### WHAT TO DO
Every line in the data below from the one containing "Dimming method Phase dim" down to the one containing "Nickel Plated Brass", both included, must be retyped exactly; no other line is to appear.

Items listed in a dataset
------
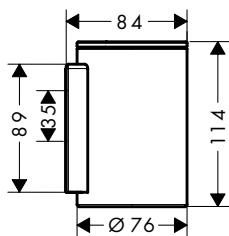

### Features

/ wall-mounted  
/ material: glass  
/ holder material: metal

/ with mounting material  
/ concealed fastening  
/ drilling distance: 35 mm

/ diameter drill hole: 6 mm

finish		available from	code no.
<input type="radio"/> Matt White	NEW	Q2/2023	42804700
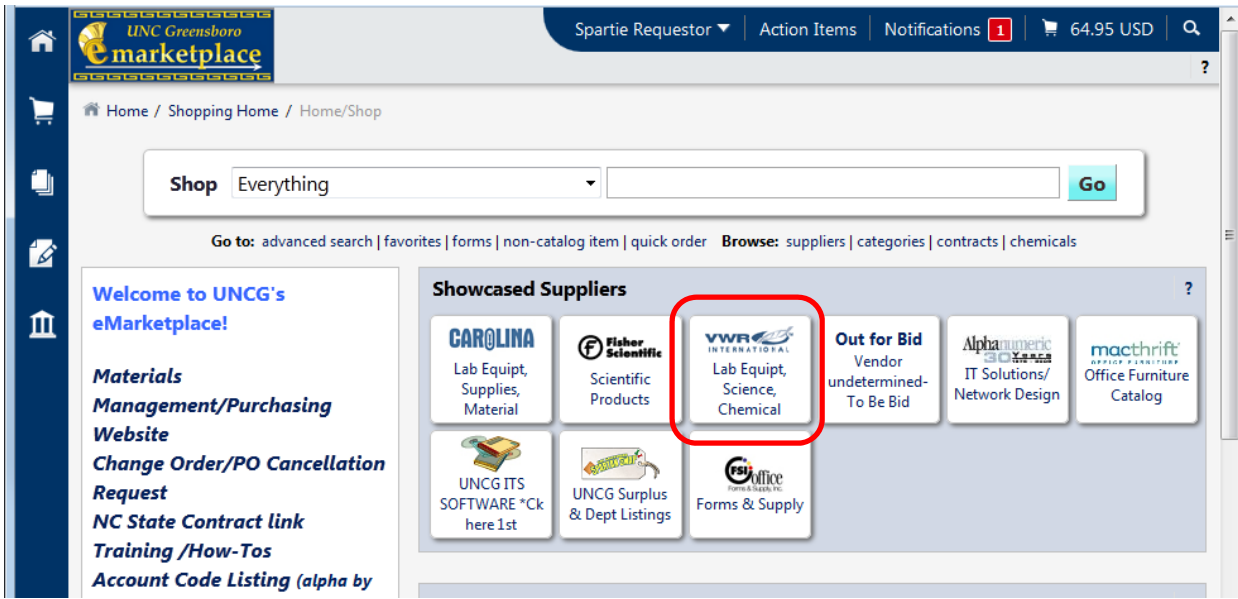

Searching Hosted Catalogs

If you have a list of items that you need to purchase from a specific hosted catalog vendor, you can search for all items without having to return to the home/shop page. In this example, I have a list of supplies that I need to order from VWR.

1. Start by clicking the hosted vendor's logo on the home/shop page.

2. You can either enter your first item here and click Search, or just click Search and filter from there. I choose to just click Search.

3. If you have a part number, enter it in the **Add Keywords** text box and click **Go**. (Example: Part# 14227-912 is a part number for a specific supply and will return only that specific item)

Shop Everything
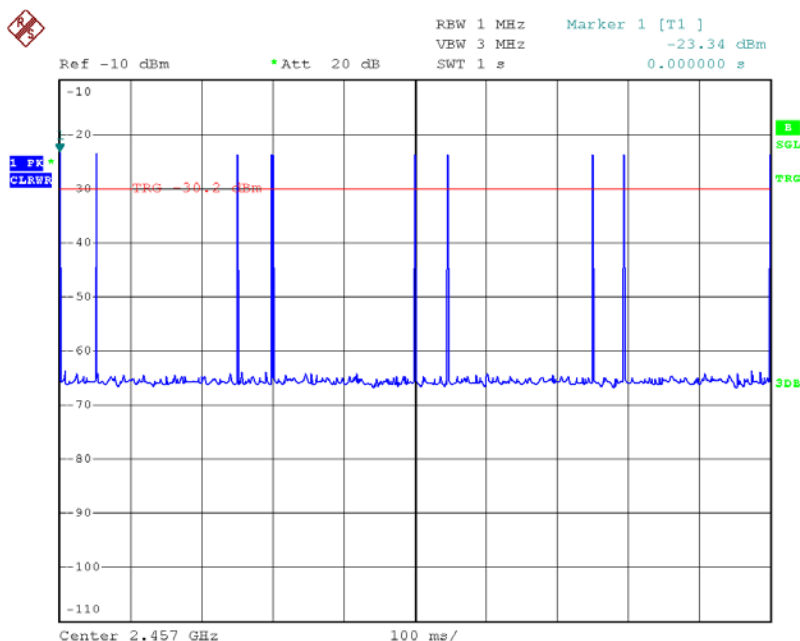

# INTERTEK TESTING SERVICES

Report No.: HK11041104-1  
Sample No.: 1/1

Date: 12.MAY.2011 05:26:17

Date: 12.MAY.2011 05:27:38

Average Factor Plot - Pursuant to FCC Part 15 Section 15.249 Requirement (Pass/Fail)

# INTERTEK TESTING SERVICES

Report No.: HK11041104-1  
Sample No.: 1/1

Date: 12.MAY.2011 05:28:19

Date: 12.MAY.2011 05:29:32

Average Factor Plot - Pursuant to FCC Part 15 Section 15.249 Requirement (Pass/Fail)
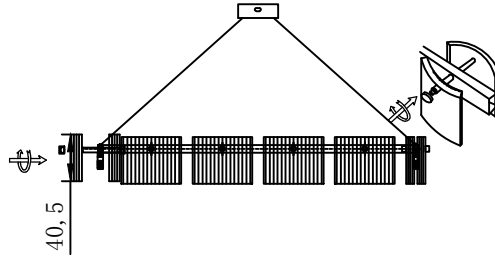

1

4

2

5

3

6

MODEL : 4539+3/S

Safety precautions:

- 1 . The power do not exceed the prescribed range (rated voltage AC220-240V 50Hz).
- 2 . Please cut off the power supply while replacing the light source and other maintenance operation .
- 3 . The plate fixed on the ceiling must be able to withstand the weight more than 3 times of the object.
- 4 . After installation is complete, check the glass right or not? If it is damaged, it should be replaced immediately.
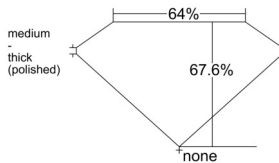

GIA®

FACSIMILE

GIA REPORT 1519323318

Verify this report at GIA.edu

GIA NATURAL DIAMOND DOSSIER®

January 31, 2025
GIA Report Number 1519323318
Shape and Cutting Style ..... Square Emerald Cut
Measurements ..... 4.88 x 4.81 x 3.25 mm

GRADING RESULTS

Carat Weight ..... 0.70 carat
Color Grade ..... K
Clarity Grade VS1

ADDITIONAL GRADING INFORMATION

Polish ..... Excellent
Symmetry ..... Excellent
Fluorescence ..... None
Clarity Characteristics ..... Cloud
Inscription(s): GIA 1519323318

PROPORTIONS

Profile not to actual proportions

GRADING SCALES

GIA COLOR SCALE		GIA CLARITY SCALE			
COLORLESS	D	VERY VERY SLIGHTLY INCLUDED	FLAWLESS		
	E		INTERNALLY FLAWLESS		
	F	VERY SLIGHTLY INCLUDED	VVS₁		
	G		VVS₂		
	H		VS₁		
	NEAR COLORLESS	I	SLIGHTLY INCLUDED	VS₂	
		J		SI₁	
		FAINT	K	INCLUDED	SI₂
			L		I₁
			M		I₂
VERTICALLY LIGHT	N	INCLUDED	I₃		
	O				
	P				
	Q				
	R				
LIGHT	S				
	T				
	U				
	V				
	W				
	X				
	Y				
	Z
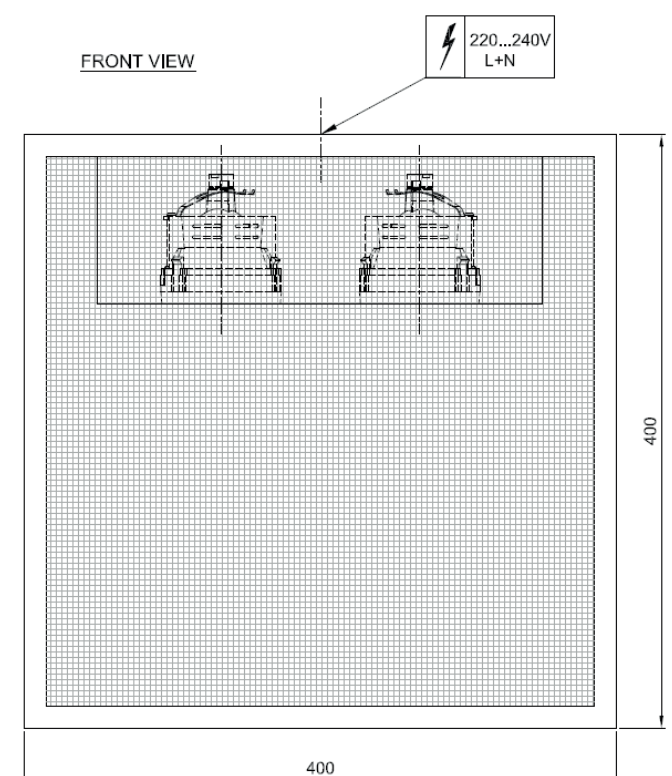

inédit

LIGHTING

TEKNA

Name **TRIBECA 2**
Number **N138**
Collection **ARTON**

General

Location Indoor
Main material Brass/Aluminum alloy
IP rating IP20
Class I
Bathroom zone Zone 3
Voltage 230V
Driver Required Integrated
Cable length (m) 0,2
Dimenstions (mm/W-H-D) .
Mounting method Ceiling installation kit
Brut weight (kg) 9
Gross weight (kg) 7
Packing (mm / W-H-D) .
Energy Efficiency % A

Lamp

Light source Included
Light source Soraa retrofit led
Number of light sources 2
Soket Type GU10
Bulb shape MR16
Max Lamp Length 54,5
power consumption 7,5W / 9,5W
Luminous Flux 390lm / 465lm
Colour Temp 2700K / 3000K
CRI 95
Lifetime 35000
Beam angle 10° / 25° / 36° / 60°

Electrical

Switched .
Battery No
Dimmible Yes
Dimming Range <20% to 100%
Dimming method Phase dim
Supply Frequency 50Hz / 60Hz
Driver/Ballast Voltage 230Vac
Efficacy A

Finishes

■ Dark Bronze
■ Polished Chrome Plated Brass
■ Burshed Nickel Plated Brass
------
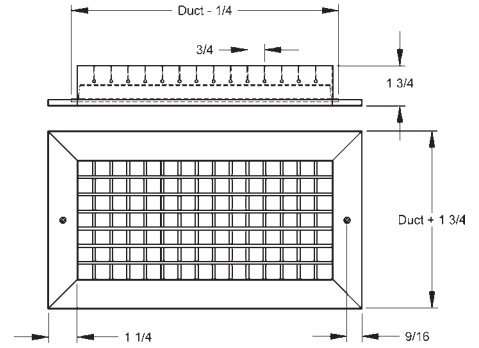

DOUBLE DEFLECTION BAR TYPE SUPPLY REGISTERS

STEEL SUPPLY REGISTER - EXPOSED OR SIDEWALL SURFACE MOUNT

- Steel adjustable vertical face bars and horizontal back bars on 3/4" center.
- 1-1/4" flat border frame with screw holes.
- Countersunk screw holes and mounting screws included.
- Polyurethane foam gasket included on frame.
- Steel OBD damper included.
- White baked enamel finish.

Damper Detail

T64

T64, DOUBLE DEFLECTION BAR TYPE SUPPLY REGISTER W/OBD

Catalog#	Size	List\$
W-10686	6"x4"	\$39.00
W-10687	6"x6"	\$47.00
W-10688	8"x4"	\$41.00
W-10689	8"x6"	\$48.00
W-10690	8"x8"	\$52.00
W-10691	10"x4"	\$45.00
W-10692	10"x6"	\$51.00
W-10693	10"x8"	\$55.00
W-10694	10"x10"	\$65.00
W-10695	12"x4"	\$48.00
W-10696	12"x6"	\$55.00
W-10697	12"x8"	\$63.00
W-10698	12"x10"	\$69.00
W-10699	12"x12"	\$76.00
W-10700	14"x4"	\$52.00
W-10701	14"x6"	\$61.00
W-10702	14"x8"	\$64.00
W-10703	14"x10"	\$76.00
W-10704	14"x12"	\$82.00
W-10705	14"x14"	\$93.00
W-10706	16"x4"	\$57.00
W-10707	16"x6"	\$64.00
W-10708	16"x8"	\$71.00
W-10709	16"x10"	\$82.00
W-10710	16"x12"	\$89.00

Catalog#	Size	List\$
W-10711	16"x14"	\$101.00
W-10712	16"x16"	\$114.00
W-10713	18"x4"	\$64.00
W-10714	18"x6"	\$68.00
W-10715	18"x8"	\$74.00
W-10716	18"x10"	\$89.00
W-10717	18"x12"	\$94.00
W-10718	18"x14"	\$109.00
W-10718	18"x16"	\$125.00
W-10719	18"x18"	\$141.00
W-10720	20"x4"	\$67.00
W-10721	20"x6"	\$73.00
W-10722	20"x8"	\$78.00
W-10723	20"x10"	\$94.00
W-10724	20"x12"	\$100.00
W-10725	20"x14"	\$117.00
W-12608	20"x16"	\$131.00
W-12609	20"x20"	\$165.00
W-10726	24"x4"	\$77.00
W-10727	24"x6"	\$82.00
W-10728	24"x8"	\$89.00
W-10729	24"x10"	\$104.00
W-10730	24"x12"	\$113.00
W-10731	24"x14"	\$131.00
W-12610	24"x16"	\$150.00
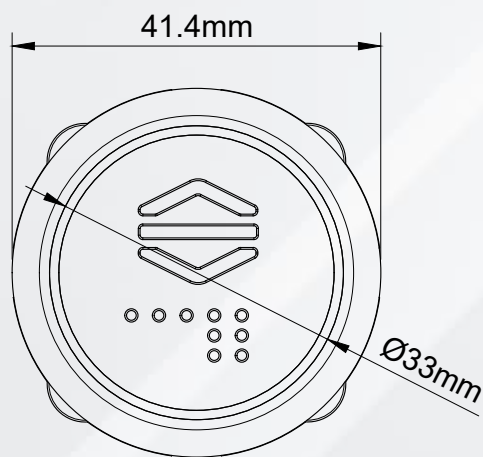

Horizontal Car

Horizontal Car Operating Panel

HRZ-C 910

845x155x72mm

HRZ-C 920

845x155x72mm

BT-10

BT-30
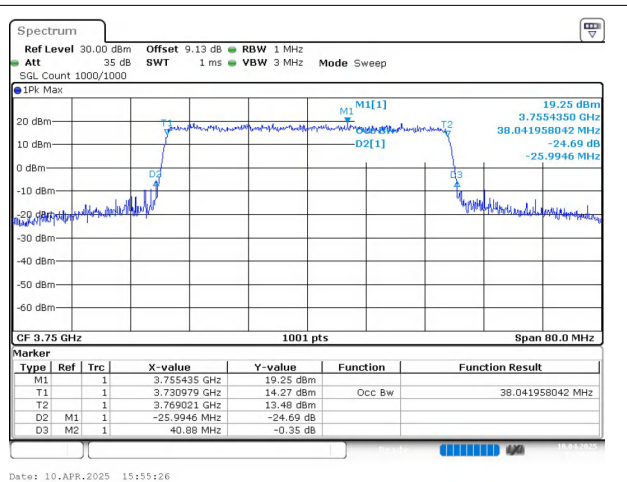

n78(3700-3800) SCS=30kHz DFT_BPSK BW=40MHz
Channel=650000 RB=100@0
------
### EXERCISE RESULT
Dimming method Phase dim
Supply Frequency 50Hz / 60Hz
Driver/Ballast Voltage 230Vac
Efficacy A

Finishes

■ Dark Bronze
■ Polished Chrome Plated Brass
■ Burshed Nickel Plated Brass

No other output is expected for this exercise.